Stored data entries
----------------------------------------
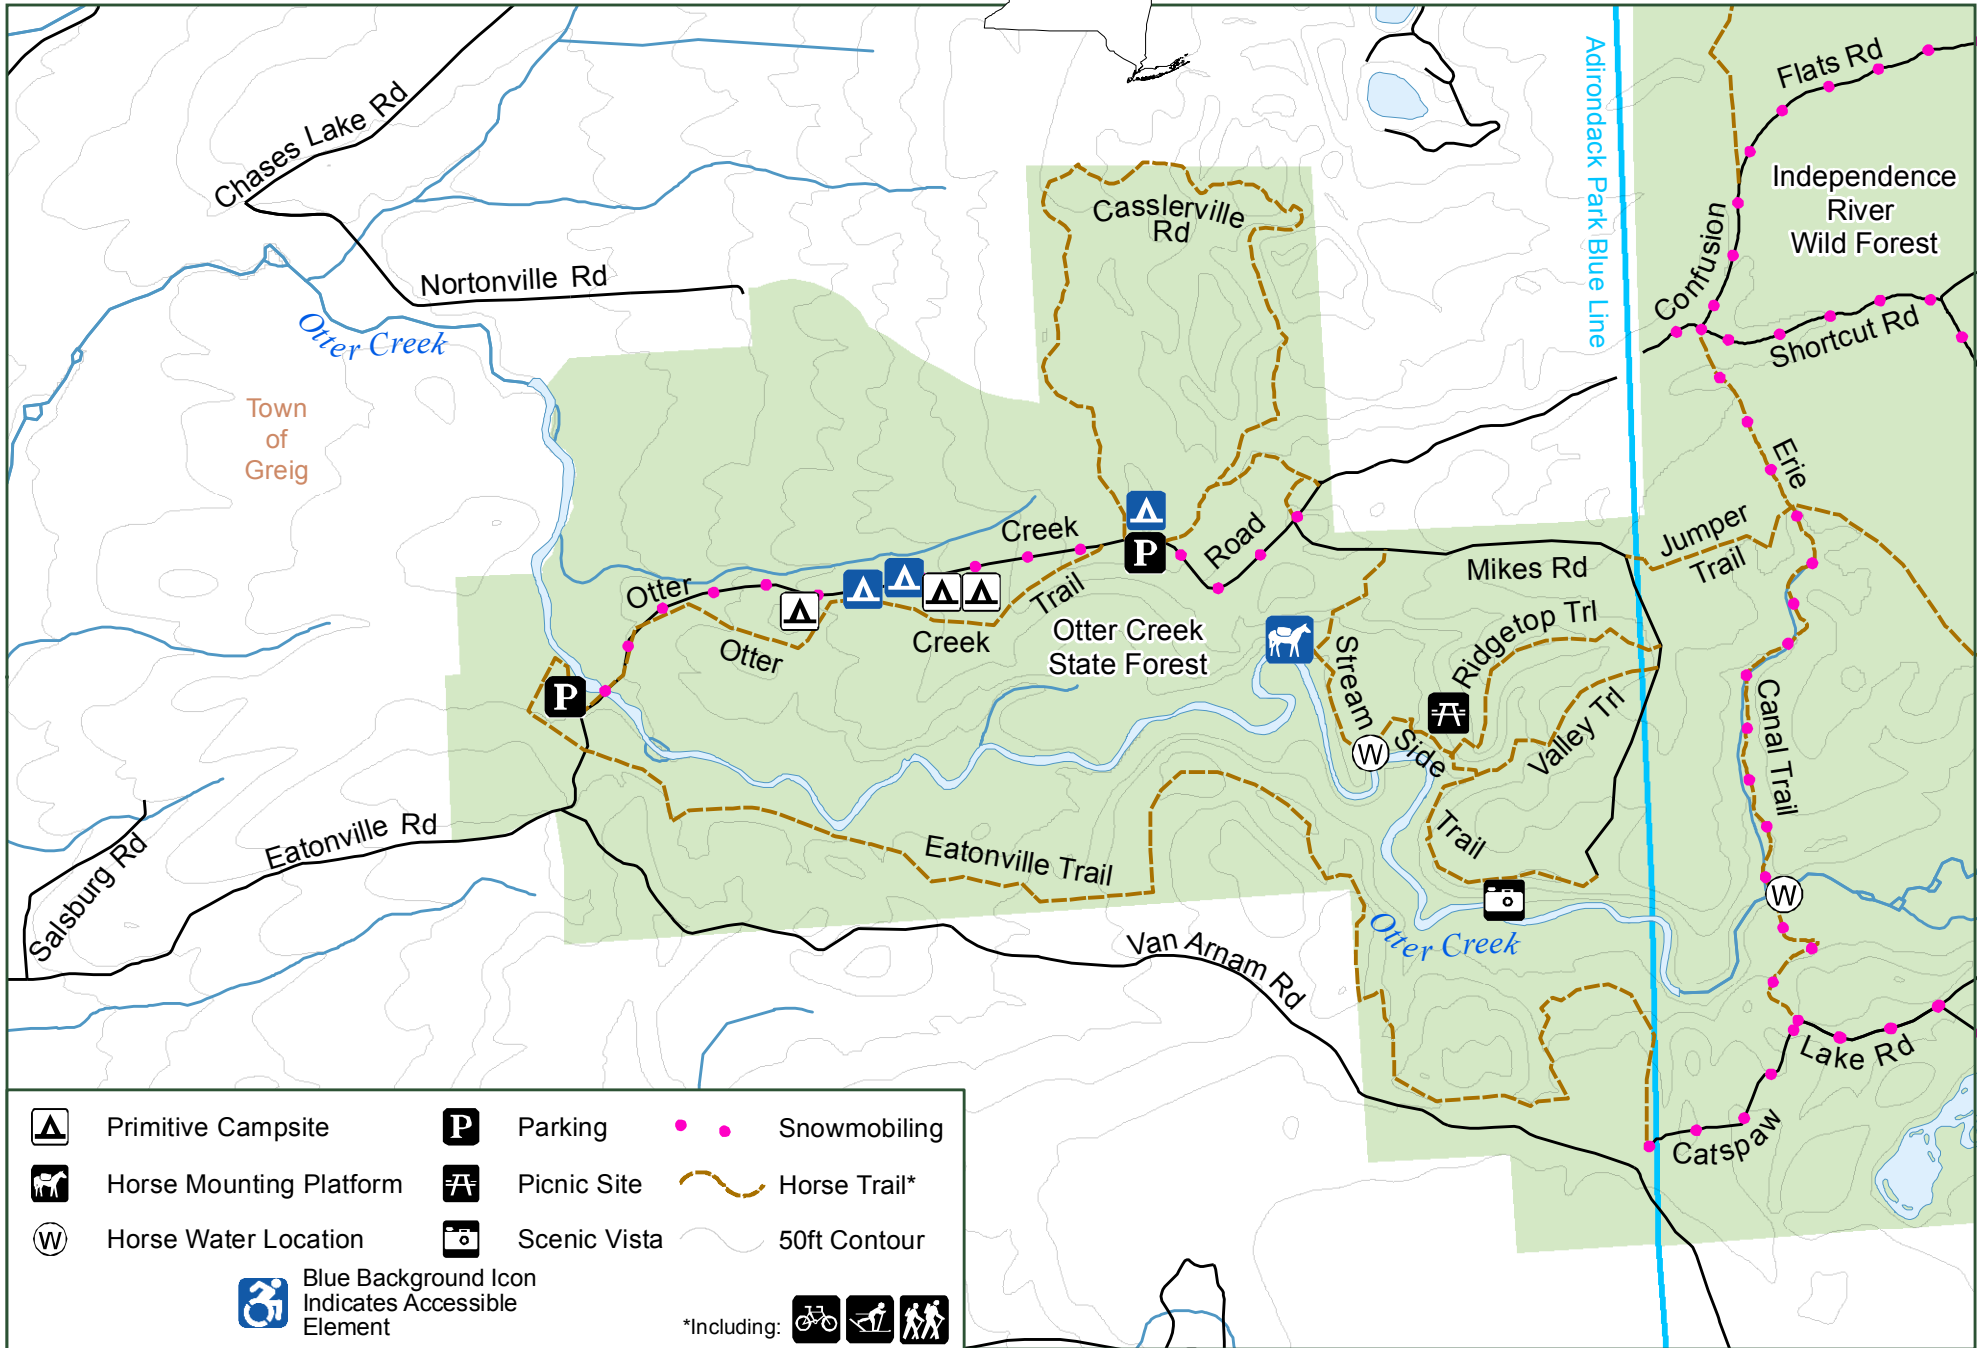

Otter Creek State Forest

Department of
Environmental
Conservation

Lewis County
----------------------------------------
▸ **Directions**
Reproduce all of the data exactly, omitting each picture it holds.

▸ **Result for this task**
Otter Creek State Forest

Department of
Environmental
Conservation

Lewis County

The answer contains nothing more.